More recently, other new types of butter have risen. These mostly came about from health enthusiasts. Among them are organic and flavored butters.

Organic butters use only organic milk. This means they come from cows that are free from antibiotics, growth hormones and pesticides.

Flavored butters meanwhile, add some extra ingredient, to change their taste profile. Some popular flavorings include garlic, different types of herbs and spices, as well as chives. These types of butter you can actually make at home by melting regular butter, mixing in the ingredients and re-molding and freezing.

 

How Butter is Made

Butter is produced by taking whole milk and extracting what is called cream.

Cream is created through a natural process of separation in which the fat in un-processed milk separates from the water and rises to the top. The cream is then taken off the top, placed in a churn and continuously agitated to break the membranes surrounding the fat particles.

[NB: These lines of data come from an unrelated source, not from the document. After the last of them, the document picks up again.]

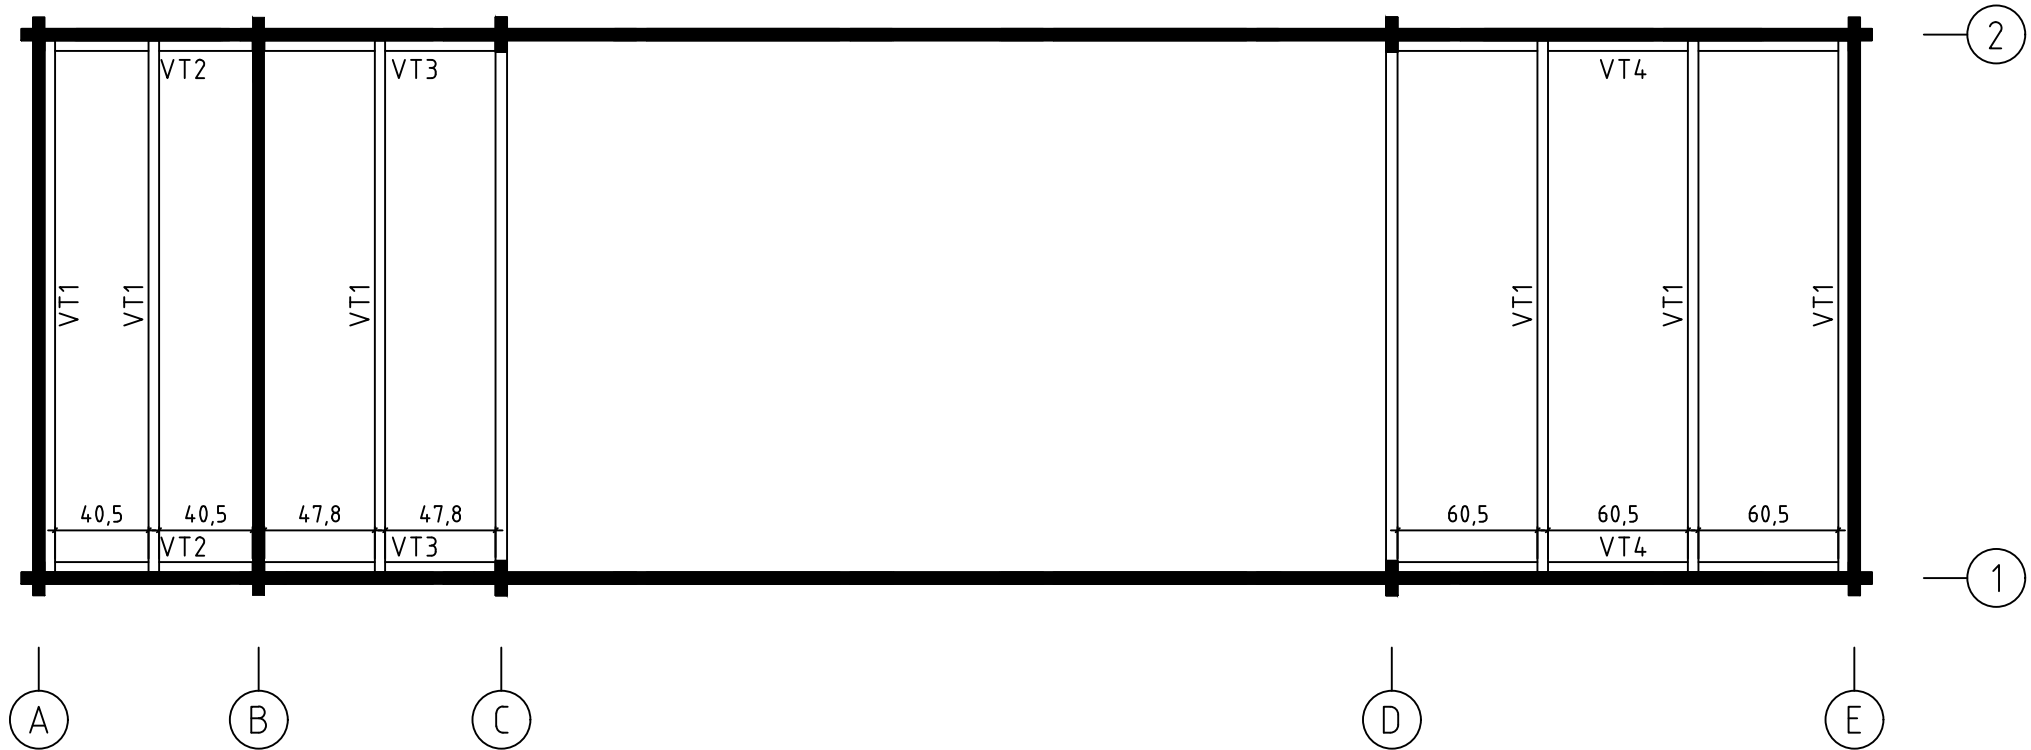

Trailer home
GROUNDPLAN

Trailer home
GROUNDPLAN (LOFT)

Trailer home
FOUNDATION FRAME

Trailer home
RAFTER

Trailer home
MEZZANINE FLOOR JOISTS

Trailer home
FLOOR BOARDS (LOFT)

Trailer home
CEILING BOARDS

Trailer home

Trailer home

Trailer home

Trailer home

Trailer home

Trailer home

Pos	Trailer home Piece list	Q.	Profile (mm)	Length (mm)
001		18	50x110	1145
002		10	50x110	3970
003		18	50x110	2075
004		3	50x110	120
005		3	50x110	5925
006		1	50x110	5925
007		5	50x110	605
008		5	50x110	460
009		10	50x110	880
010		5	50x110	470
011		1	50x110	5925
012		1	50x110	2075
013		2	50x110	2075
014		7	50x110	3850
015		2	50x110	2075
016		8	50x110	2075
017		1	50x110	5925
018		2	50x110	2075
019		1	50x110	5925
020	□ 	2	50x42	150
021	□ 	12	50x42	721
022	□ 	2	50x42	720
023	□ 	2	50x42	695
024	□ 	2	50x42	745
025	□ 	1	50x42	721

Pos	Trailer home Piece list	Q.	Profile (mm)	Length (mm)
026		10	50x110	1025
027		10	50x110	4900
028		14	50x110	2075
029		2	50x110	2075
030		3	50x110	5925
031		1	50x110	2075
032		1	50x110	5925
033		5	50x110	233
034		5	50x110	1693
035		5	50x110	460
036		11	50x110	470
037		1	50x110	5925
038		1	50x110	2075
039		5	50x110	3850
040		1	50x110	5925
041		1	50x110	2075
042		1	50x110	2075
043		3	50x110	4640
044		1	50x110	2075
045		1	50x110	2075
046		1	50x110	5925
047	□ 	2	50x42	150
048	□ 	1	50x42	720
049		2	50x55	2500
050		56	50x110	2500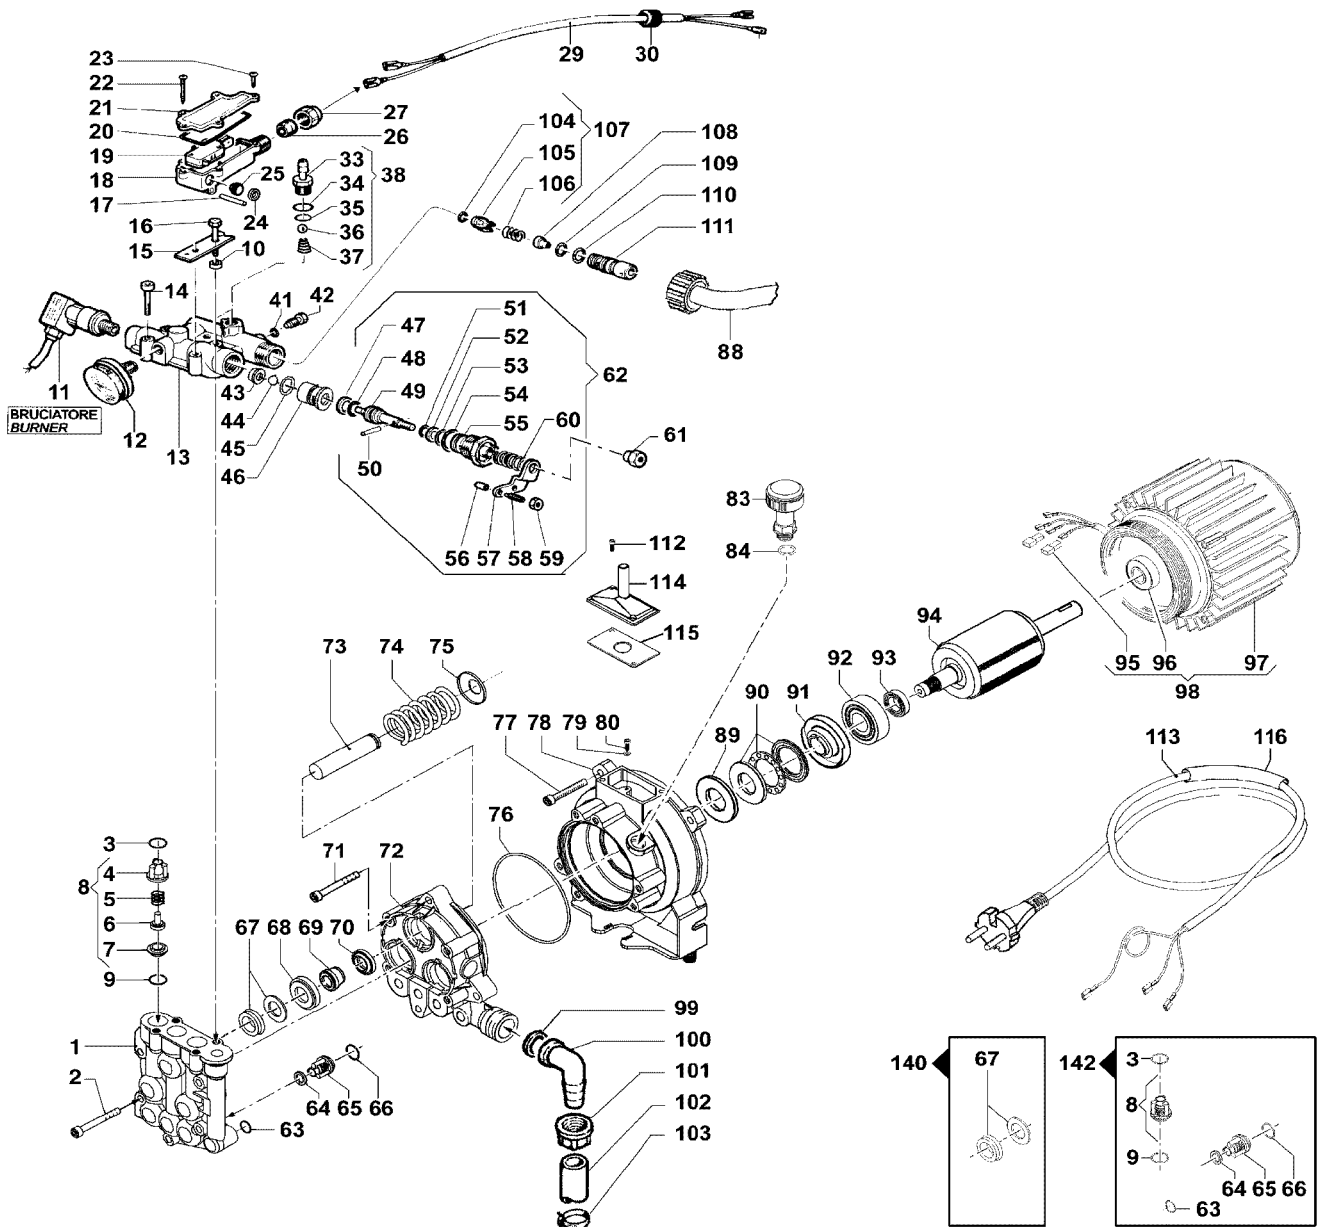

Illustration Motorpumpe

Illustration Motorpumpe

Bild Nr.	St.- Zahl	Teile Nr.	Beschreibung
1	1	CH32180114	Gehäuse
2	5	CH36090150	Schraube
3	4	CH12100392	O-ring
4	3	CH12050031	Nadelkafig
5	3	CH18020175	Feder
6	3	CH36040026	Ventil
7	3	CH30090121	Sitz
8	3	CH12200039	Ventil
9	3	CH12100415	O-ring
10	2	CH06010274	Distanzstück
11	1	CH24210010	Druckschaltgerät
12	1	CH18160125	Manometer
13	1	CH04240418	Gehäuse
14	2	CH36090148	Schraube
15	1	CH24030081	Platte
16	2	CH36070103	Schraube
17	1	CH30050023	Stift
18	1	CH30010133	Gehäuse
19	1	CH18250011	Schalter
20	1	CH12010136	O-ring
21	1	CH04020200	Deckel
22	2	CH36250047	Schraube
23	3	CH36250048	Schraube
24	1	CH00090229	Ring
25	1	CH24160112	Schultz
26	1	CH12010137	Dichtung
27	1	CH12000056	Flügelmutter
29	1	CH04560308	Kabel
30	1	CH24340040	Kabeldurchführung
33	1	CH28030383	Anschluss
34	1	CH12100014	O-ring
35	1	CH12100039	O-ring
36	1	CH30030016	Kugel
37	1	CH18020254	Feder
38	1	CH28030514	Anschluss
41	1	CH36050087	Schraube
42	1	CH12100220	O-ring
43	1	CH30090153	Sitz
44	1	CH30030028	Kugel
45	1	CH12100152	O-ring
46	1	CH30090148	Sitz
47	1	CH00090112	Ring
48	1	CH12100041	O-ring
49	1	CH00150190	Baus. easy-start
50	1	CH30210035	Stift
51	1	CH12100055	O-ring

The churning produces a mixture of water and butterfat called buttermilk. The buttermilk is then drained and the remaining fat is consolidated to form the actual butter.

 

Nutrition Profile of Butter

Butter is substantially different than cheese.

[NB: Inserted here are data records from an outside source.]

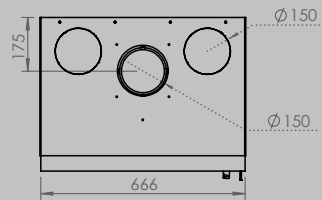

DÉCOR PLUS PLANS

DÉCOR PLUS 67

DÉCOR PLUS 16|9

FACE

DESSUS

CÔTÉ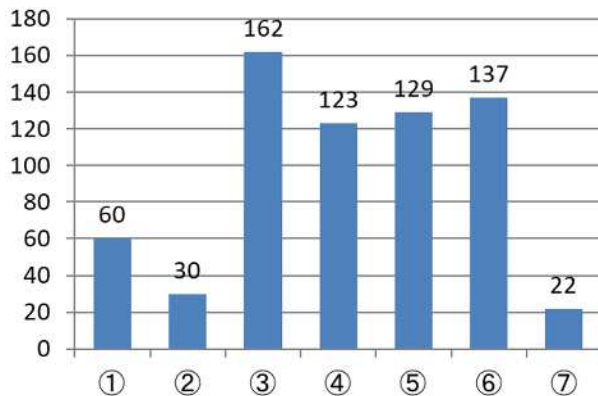

Q9 今年、実施した環境活動を教えてください。(いくつでも)

- ①環境について勉強した
- ②長良川等のごみ拾いに参加した
- ③電気をこまめに消した
- ④エアコンの設定温度を上げた(夏)
- ⑤資源分別回収に参加した
- ⑥雑がみを集めた
- ⑦ゴーヤなどで緑のカーテンを作った

Q10 岐阜市は自然の豊かなまちだと思いますか？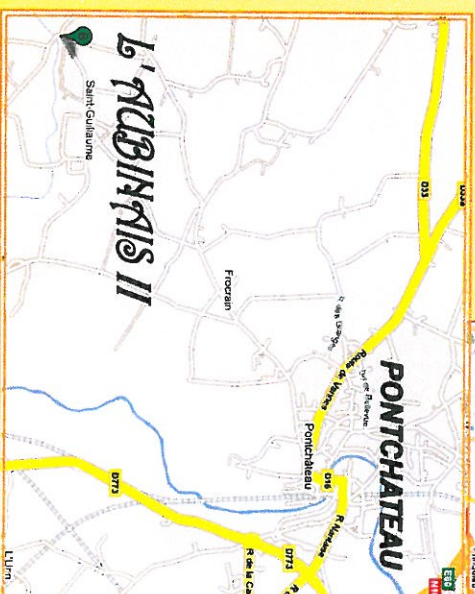

## PONTCHATEAU (44)

UNE NOUVELLE RÉALISATION...

## PONTCHATEAU

Située dans le Pays d'Accueil des Trois Rivières, à proximité de la Brière et de la Côte, la ville de PONTCHATEAU vous propose tous les services de proximité et activités de loisirs (Parcours de santé, VTT, tennis, jeux, rollers, ping-pong, basket, équitation, etc...) que vous pouvez attendre d'une commune dynamique en plein essor.

Because butter is almost pure milk fat, there is very little protein found within it. However, because much of the lactose has been removed, butter is generally considered safe for those who are lactose intolerant. This isn’t the case for cheese.

The high amounts of saturated fats found in butter have been shown to increase the likelihood of heart disease.

Butter is also very rich in Vitamin A, when eaten in moderation, a good quality butter can help keep the immune system healthy.

 

How to Use Butter

Butter it often used by spreading it over bread or toast.

It is also very popular in cooking. In fact, butter is a major ingredient found in restaurant kitchens. Much more so than cheese. If you’ve ever wondered why food at restaurants taste better, even the vegetables. It’s the butter. They add loads of it.

 

Conclusion

Butter and cheese come from cow’s milk. But that’s pretty much as close as they’ll ever get to one another. They’re used very differently, have very different textures as well as flavor.

Both also have varying nutrient content. Though one thing is common among them, they contain a bit of fat. That’s part of the reason they taste good.